◆ What is being asked
Copying rule for the data below: pictures stay out, and only the lines from the one with "SIAAマークはISO221" down to the one with "STANDARD EQUIPMENT", inclusive, are repeated exactly.

◆ Records for this exercise
.....

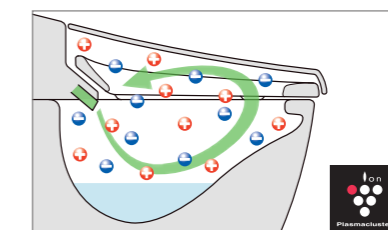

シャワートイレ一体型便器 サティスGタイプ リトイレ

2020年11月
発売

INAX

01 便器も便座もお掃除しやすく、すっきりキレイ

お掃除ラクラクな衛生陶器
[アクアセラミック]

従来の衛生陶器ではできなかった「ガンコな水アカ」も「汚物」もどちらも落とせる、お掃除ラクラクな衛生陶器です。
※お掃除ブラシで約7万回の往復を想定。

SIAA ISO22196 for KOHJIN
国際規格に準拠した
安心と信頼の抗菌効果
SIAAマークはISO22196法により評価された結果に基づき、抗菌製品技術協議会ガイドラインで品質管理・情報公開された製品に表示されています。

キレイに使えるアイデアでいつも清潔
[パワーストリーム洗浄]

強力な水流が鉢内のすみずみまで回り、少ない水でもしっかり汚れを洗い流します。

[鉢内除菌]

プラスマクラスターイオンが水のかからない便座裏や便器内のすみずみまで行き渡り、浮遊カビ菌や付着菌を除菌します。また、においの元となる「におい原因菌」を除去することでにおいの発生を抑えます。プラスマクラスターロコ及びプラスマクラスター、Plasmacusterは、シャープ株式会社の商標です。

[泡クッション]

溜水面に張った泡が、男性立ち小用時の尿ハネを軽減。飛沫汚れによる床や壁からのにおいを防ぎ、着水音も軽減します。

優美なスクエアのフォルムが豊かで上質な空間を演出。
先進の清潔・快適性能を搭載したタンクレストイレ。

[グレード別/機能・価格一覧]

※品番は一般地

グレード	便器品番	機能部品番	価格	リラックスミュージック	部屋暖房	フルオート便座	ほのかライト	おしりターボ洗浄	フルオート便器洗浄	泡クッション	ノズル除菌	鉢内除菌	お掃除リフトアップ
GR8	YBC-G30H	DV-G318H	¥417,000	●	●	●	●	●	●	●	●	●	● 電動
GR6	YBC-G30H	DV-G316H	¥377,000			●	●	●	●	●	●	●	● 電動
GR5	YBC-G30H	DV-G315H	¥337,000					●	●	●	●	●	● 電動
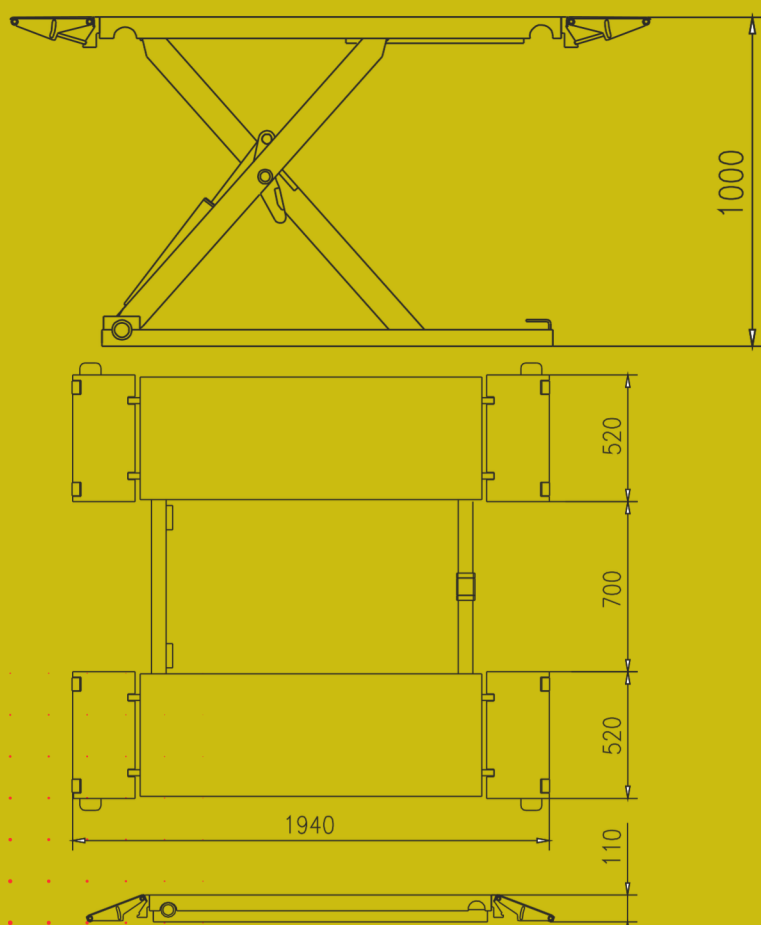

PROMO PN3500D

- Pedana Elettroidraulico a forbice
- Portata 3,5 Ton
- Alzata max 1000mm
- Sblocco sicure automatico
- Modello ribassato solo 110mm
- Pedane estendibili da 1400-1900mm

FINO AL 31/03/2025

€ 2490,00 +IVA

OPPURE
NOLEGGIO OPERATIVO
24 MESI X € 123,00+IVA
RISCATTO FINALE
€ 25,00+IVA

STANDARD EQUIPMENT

.....

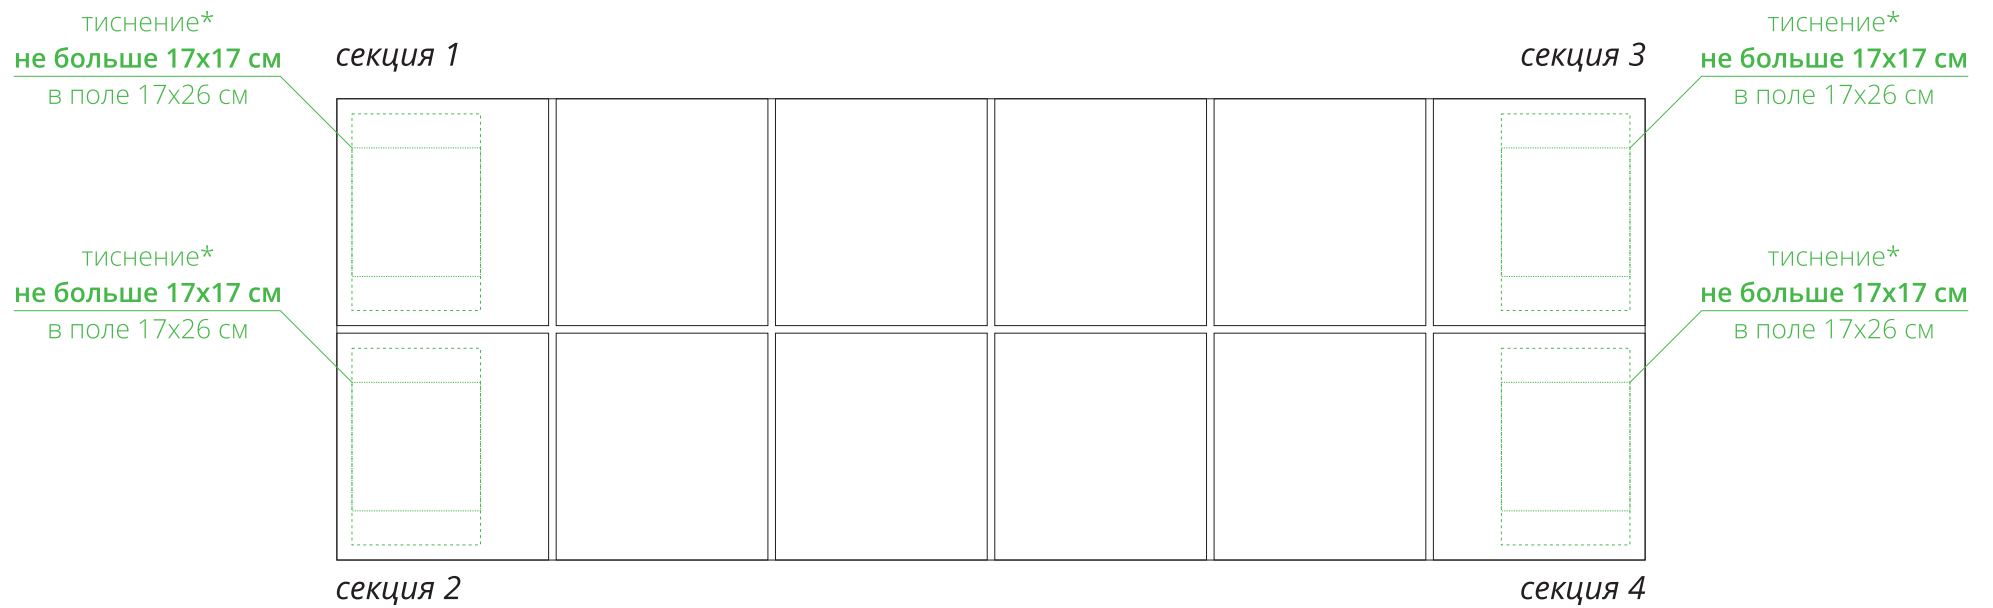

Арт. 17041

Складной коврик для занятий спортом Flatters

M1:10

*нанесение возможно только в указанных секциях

.....

◆ Answer box
SIAAマークはISO22196法により評価された結果に基づき、抗菌製品技術協議会ガイドラインで品質管理・情報公開された製品に表示されています。

キレイに使えるアイデアでいつも清潔
[パワーストリーム洗浄]

強力な水流が鉢内のすみずみまで回り、少ない水でもしっかり汚れを洗い流します。

[鉢内除菌]

プラスマクラスターイオンが水のかからない便座裏や便器内のすみずみまで行き渡り、浮遊カビ菌や付着菌を除菌します。また、においの元となる「におい原因菌」を除去することでにおいの発生を抑えます。プラスマクラスターロコ及びプラスマクラスター、Plasmacusterは、シャープ株式会社の商標です。

[泡クッション]

溜水面に張った泡が、男性立ち小用時の尿ハネを軽減。飛沫汚れによる床や壁からのにおいを防ぎ、着水音も軽減します。

優美なスクエアのフォルムが豊かで上質な空間を演出。
先進の清潔・快適性能を搭載したタンクレストイレ。

[グレード別/機能・価格一覧]

※品番は一般地

グレード	便器品番	機能部品番	価格	リラックスミュージック	部屋暖房	フルオート便座	ほのかライト	おしりターボ洗浄	フルオート便器洗浄	泡クッション	ノズル除菌	鉢内除菌	お掃除リフトアップ
GR8	YBC-G30H	DV-G318H	¥417,000	●	●	●	●	●	●	●	●	●	● 電動
GR6	YBC-G30H	DV-G316H	¥377,000			●	●	●	●	●	●	●	● 電動
GR5	YBC-G30H	DV-G315H	¥337,000					●	●	●	●	●	● 電動

PROMO PN3500D

- Pedana Elettroidraulico a forbice
- Portata 3,5 Ton
- Alzata max 1000mm
- Sblocco sicure automatico
- Modello ribassato solo 110mm
- Pedane estendibili da 1400-1900mm

FINO AL 31/03/2025

€ 2490,00 +IVA

OPPURE
NOLEGGIO OPERATIVO
24 MESI X € 123,00+IVA
RISCATTO FINALE
€ 25,00+IVA

STANDARD EQUIPMENT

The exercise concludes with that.